→ **Data extracted from a collection**:
☆ ☆ ☆ ☆

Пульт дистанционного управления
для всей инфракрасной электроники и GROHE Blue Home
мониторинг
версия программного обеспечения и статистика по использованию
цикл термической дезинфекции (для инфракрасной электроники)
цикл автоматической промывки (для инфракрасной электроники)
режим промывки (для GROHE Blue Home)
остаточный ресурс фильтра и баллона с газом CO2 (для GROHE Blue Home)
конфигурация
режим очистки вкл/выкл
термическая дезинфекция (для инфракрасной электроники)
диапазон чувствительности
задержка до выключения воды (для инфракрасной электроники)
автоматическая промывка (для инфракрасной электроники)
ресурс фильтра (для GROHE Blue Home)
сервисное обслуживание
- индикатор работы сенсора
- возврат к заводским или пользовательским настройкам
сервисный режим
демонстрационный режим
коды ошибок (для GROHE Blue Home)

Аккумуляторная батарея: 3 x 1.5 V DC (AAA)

☆ ☆ ☆ ☆

→ **TASK REQUIREMENTS**:
Write down every line of the data exactly as it appears above.

→ **TASK OUTPUT**:
Пульт дистанционного управления
для всей инфракрасной электроники и GROHE Blue Home
мониторинг
версия программного обеспечения и статистика по использованию
цикл термической дезинфекции (для инфракрасной электроники)
цикл автоматической промывки (для инфракрасной электроники)
режим промывки (для GROHE Blue Home)
остаточный ресурс фильтра и баллона с газом CO2 (для GROHE Blue Home)
конфигурация
режим очистки вкл/выкл
термическая дезинфекция (для инфракрасной электроники)
диапазон чувствительности
задержка до выключения воды (для инфракрасной электроники)
автоматическая промывка (для инфракрасной электроники)
ресурс фильтра (для GROHE Blue Home)
сервисное обслуживание
- индикатор работы сенсора
- возврат к заводским или пользовательским настройкам
сервисный режим
демонстрационный режим
коды ошибок (для GROHE Blue Home)

Аккумуляторная батарея: 3 x 1.5 V DC (AAA)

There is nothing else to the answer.